What the task asks: Your answer must be an exact copy of the records, minus any pictures.

Data extracts:

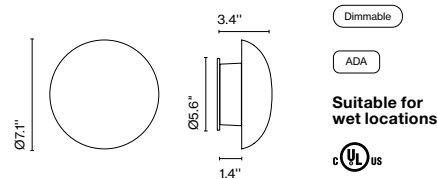

Babila 18

Code	Finish	Dimming
A706-005	● Polished stainless steel	ELV
A706-006-35	● White (RAL 9010)	ELV
A706-006-47	● Brown (RAL 8019)	ELV
A706-017	● Polished stainless steel	0-10V
A706-010-35	● White (RAL 9010)	0-10V
A706-010-47	● Brown (RAL 8019)	0-10V
A706-019	● Polished stainless steel	on/off
A706-020-35	● White (RAL 9010)	on/off
A706-020-47	● Brown (RAL 8019)	on/off

Materials
Diffuser: Polished stainless steel
AISI 316 or lacquered aluminum

Dimmable: Yes
Integrated dimmer: No
Dimming protocols:
Phase cut (ELV)
0-10V (120-277V)

Product type: Wall / Ceiling
Light Source: LED SMD 500mA 6W 2700K CRI90 607.2lm
Luminaire: 120 VAC ELV 8.7W 225lm
120-277 VAC 0-10V 8.7W 225lm
120 VAC AC LED on/off 8W 225lm
Weight: Net 1.8 lb – Gross 2.6 lb
Package: 11.4 x 12 x 4.9" - 2.6 lb – Vol - 0.35 ft³
LED included

Wire installation: Hardwired
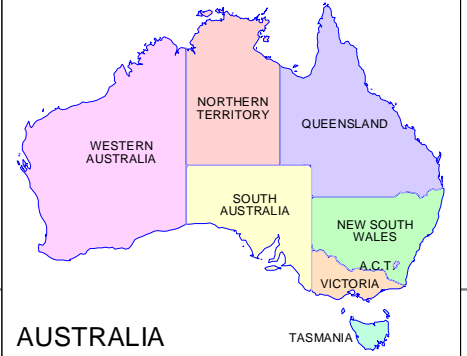

1:250 000 Scale Index

This is the smallest map scale that covers the entire country with published maps.

www.mapshop.net.au
tel: (61) 08 8231 2033
email: mercator@mapshop.net.au
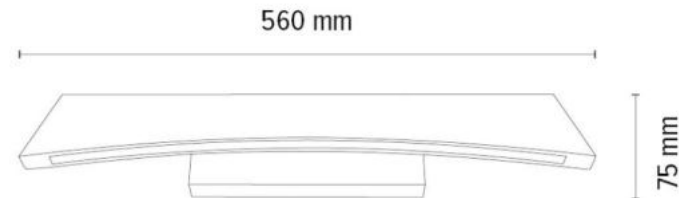

Touch Dimmer
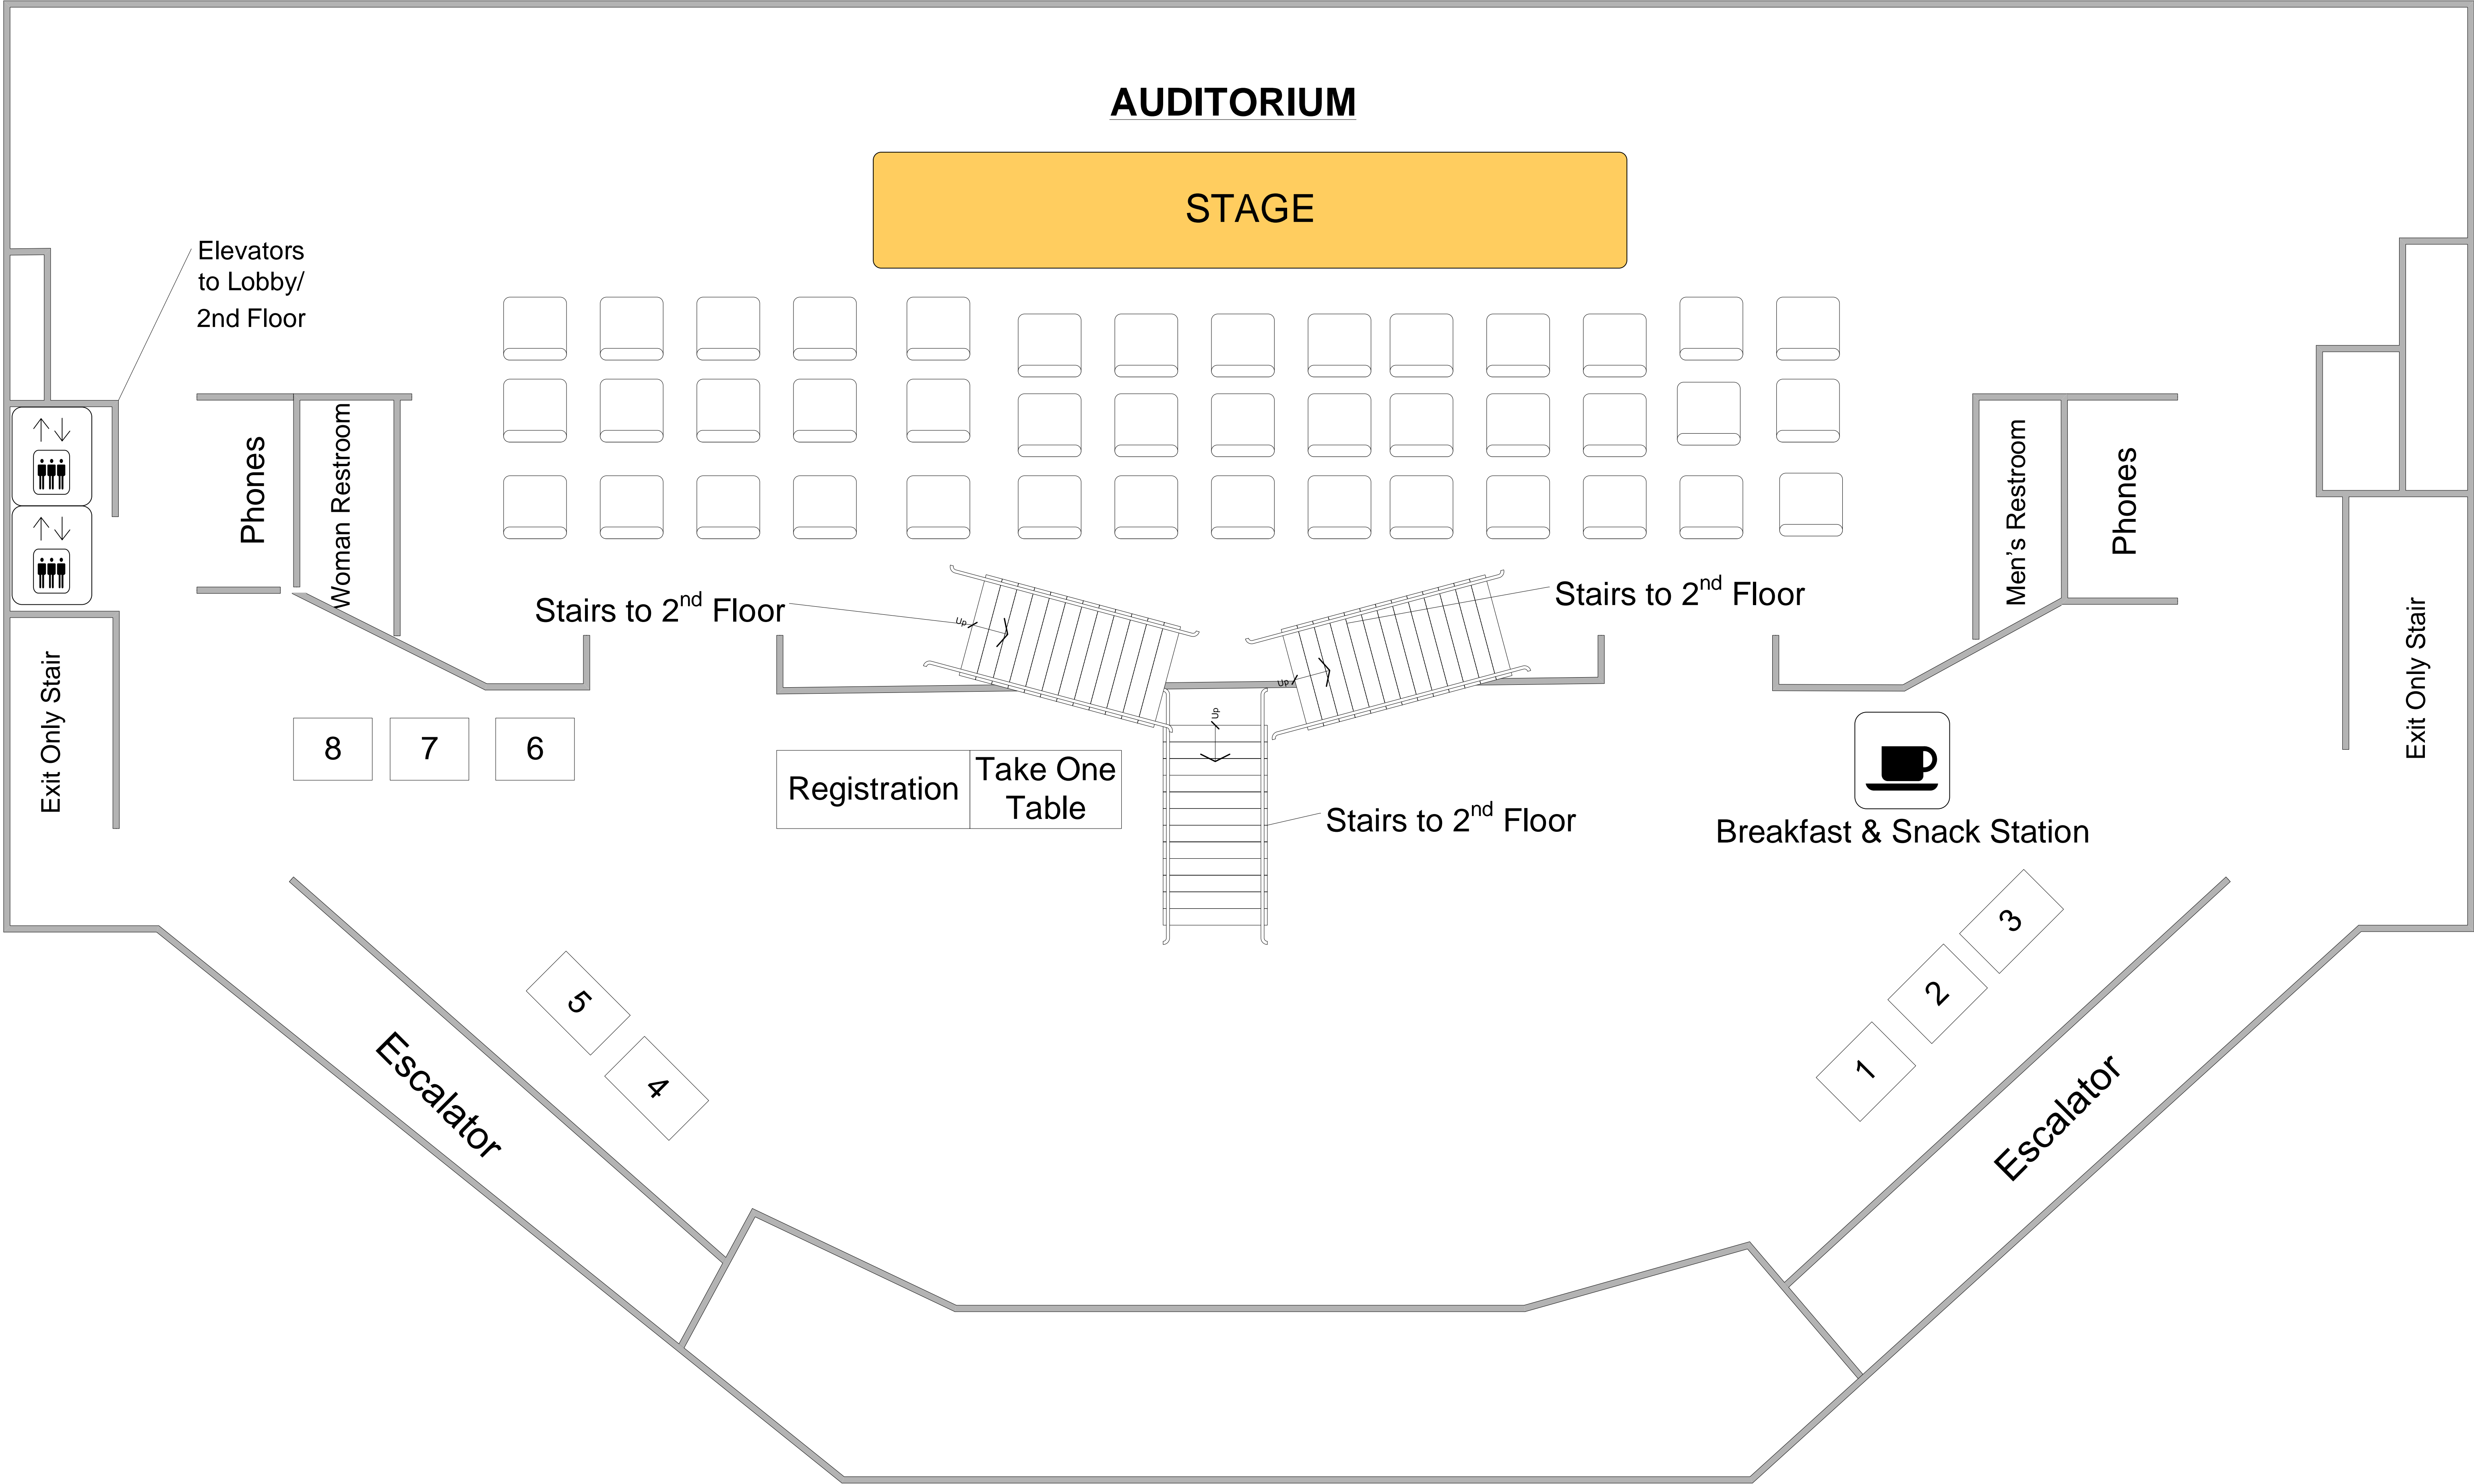

Good Samaritan Hospital - Moseley Salvatori Conference Center  
1st floor – Auditorium Level  
LA-Young Child Expo & Conference Workshop Series

**AUDITORIUM**

**STAGE**

Please note:

\* This floor plan is not drawn exactly to scale. It is approximate representation.

Good Samaritan Hospital - Moseley Salvatori Conference Center  
2nd floor – Conference Level  
LA-Young Child Expo & Conference Workshop Series

Please note:  
\* This floor plan is not drawn exactly to scale. It is approximate representation.
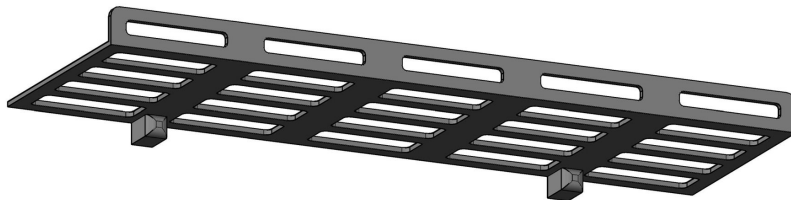

DATASHEET

Image

General Information

Product:	89.0442
Description:	Design Towel Shelf 375mm Charlton/Rosano
Website Link:	(Click Here)
Product Type:	Clearance Towel Shelf
Brand:	Eastbrook Company
Colour:	Matt White
Material:	Mild Steel
Width (mm):	375mm
Net Weight (kg):	0.47kg
Product Range:	Universal

Product Specifications

Warranty:	1 Year(s)
-----------	-----------

Drawing

Design Towel Shelf Rosano / Charlton 280 / 375 / 470mm. Technical Drawing

Eastbrook 
Eastbrook Road, Gloucester GL4 3DB
Technical Helpline : 01452 317890
Mon - Fri / 8am - 5pm
Email : technical@eastbrookco.com
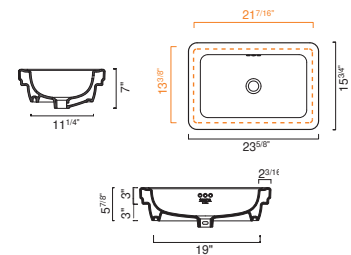

CANOVA ROYAL Collection Special order

CANOVA ROYAL 60 WASHBASIN

- W23 5/8" x D18 1/8" x H6 1/2" / W60cm x D46cm x H16.5cm
- Install wall-hung, on pedestal, or on vanity
- Must specify number of holes and hole position.
- 1 Pre-drilled centre hole
- 2 knockout holes

OPTIONAL:

- P60CV Front Towel Rail: Brass with chrome finish
- COCV Ceramic Pedestal

MODEL	DESCRIPTION	PRICE
60CV	Washbasin	$615.00
P60CV	Front Towel Rail, chrome	$370.00
COCV	Ceramic Pedestal	$445.00

CANOVA ROYAL 70 WASHBASIN

- W27 1/2" x D20 1/2" x H7 7/8" / W70cm x D52cm x H20cm
- Install wall-hung or on pedestal
- Must specify number of holes and hole position.
- 1 Pre-drilled centre hole
- 2 knockout holes

OPTIONAL:

- P70CV Front Towel Rail: Brass with chrome finish
- COCV Ceramic Pedestal

MODEL	DESCRIPTION	PRICE
70CV	Washbasin	$730.00
P70CV	Front Towel Rail, chrome	$370.00
COCV	Ceramic Pedestal	$445.00

CANOVA ROYAL 56 WASHBASIN

- W22" x D17 5/16" x H6 11/16" / W56cm x D44cm x H17cm
- Install wall-hung or on pedestal
- Must specify number of holes and hole position.
- 1 Pre-drilled centre hole
- 2 knockout holes

OPTIONAL:

- P56CV Front Towel Rail: Brass with chrome finish
- COCV Ceramic Pedestal

MODEL	DESCRIPTION	PRICE
56CV	Washbasin	$650.00
P56CV	Front Towel Rail, chrome	$370.00
COCV	Ceramic Pedestal	$445.00

CANOVA ROYAL 60 WASHBASIN

- W23 5/8" x D15 3/4" x H5 7/8" / W60cm x D40cm x H15cm
- Install on counter, fitted, or semi fitted
- Glazed on all 4 sides

MODEL	DESCRIPTION	PRICE
60ACV	Washbasin	$865.00

Answer to this exercise:
Babila 18

Code	Finish	Dimming
A706-005	● Polished stainless steel	ELV
A706-006-35	● White (RAL 9010)	ELV
A706-006-47	● Brown (RAL 8019)	ELV
A706-017	● Polished stainless steel	0-10V
A706-010-35	● White (RAL 9010)	0-10V
A706-010-47	● Brown (RAL 8019)	0-10V
A706-019	● Polished stainless steel	on/off
A706-020-35	● White (RAL 9010)	on/off
A706-020-47	● Brown (RAL 8019)	on/off

Materials
Diffuser: Polished stainless steel
AISI 316 or lacquered aluminum

Dimmable: Yes
Integrated dimmer: No
Dimming protocols:
Phase cut (ELV)
0-10V (120-277V)

Product type: Wall / Ceiling
Light Source: LED SMD 500mA 6W 2700K CRI90 607.2lm
Luminaire: 120 VAC ELV 8.7W 225lm
120-277 VAC 0-10V 8.7W 225lm
120 VAC AC LED on/off 8W 225lm
Weight: Net 1.8 lb – Gross 2.6 lb
Package: 11.4 x 12 x 4.9" - 2.6 lb – Vol - 0.35 ft³
LED included

Wire installation: Hardwired

1:250 000 Scale Index

This is the smallest map scale that covers the entire country with published maps.

www.mapshop.net.au
tel: (61) 08 8231 2033
email: mercator@mapshop.net.au

Touch Dimmer

Good Samaritan Hospital - Moseley Salvatori Conference Center  
1st floor – Auditorium Level  
LA-Young Child Expo & Conference Workshop Series

**AUDITORIUM**

**STAGE**

Please note:

\* This floor plan is not drawn exactly to scale. It is approximate representation.

Good Samaritan Hospital - Moseley Salvatori Conference Center  
2nd floor – Conference Level  
LA-Young Child Expo & Conference Workshop Series

Please note:  
\* This floor plan is not drawn exactly to scale. It is approximate representation.

DATASHEET

Image

General Information

Product:	89.0442
Description:	Design Towel Shelf 375mm Charlton/Rosano
Website Link:	(Click Here)
Product Type:	Clearance Towel Shelf
Brand:	Eastbrook Company
Colour:	Matt White
Material:	Mild Steel
Width (mm):	375mm
Net Weight (kg):	0.47kg
Product Range:	Universal

Product Specifications

Warranty:	1 Year(s)
-----------	-----------

Drawing

Design Towel Shelf Rosano / Charlton 280 / 375 / 470mm. Technical Drawing

Eastbrook 
Eastbrook Road, Gloucester GL4 3DB
Technical Helpline : 01452 317890
Mon - Fri / 8am - 5pm
Email : technical@eastbrookco.com

CANOVA ROYAL Collection Special order

CANOVA ROYAL 60 WASHBASIN

- W23 5/8" x D18 1/8" x H6 1/2" / W60cm x D46cm x H16.5cm
- Install wall-hung, on pedestal, or on vanity
- Must specify number of holes and hole position.
- 1 Pre-drilled centre hole
- 2 knockout holes

OPTIONAL:

- P60CV Front Towel Rail: Brass with chrome finish
- COCV Ceramic Pedestal

MODEL	DESCRIPTION	PRICE
60CV	Washbasin	$615.00
P60CV	Front Towel Rail, chrome	$370.00
COCV	Ceramic Pedestal	$445.00

CANOVA ROYAL 70 WASHBASIN

- W27 1/2" x D20 1/2" x H7 7/8" / W70cm x D52cm x H20cm
- Install wall-hung or on pedestal
- Must specify number of holes and hole position.
- 1 Pre-drilled centre hole
- 2 knockout holes

OPTIONAL:

- P70CV Front Towel Rail: Brass with chrome finish
- COCV Ceramic Pedestal

MODEL	DESCRIPTION	PRICE
70CV	Washbasin	$730.00
P70CV	Front Towel Rail, chrome	$370.00
COCV	Ceramic Pedestal	$445.00

CANOVA ROYAL 56 WASHBASIN

- W22" x D17 5/16" x H6 11/16" / W56cm x D44cm x H17cm
- Install wall-hung or on pedestal
- Must specify number of holes and hole position.
- 1 Pre-drilled centre hole
- 2 knockout holes

OPTIONAL:

- P56CV Front Towel Rail: Brass with chrome finish
- COCV Ceramic Pedestal

MODEL	DESCRIPTION	PRICE
56CV	Washbasin	$650.00
P56CV	Front Towel Rail, chrome	$370.00
COCV	Ceramic Pedestal	$445.00

CANOVA ROYAL 60 WASHBASIN

- W23 5/8" x D15 3/4" x H5 7/8" / W60cm x D40cm x H15cm
- Install on counter, fitted, or semi fitted
- Glazed on all 4 sides

MODEL	DESCRIPTION	PRICE
60ACV	Washbasin	$865.00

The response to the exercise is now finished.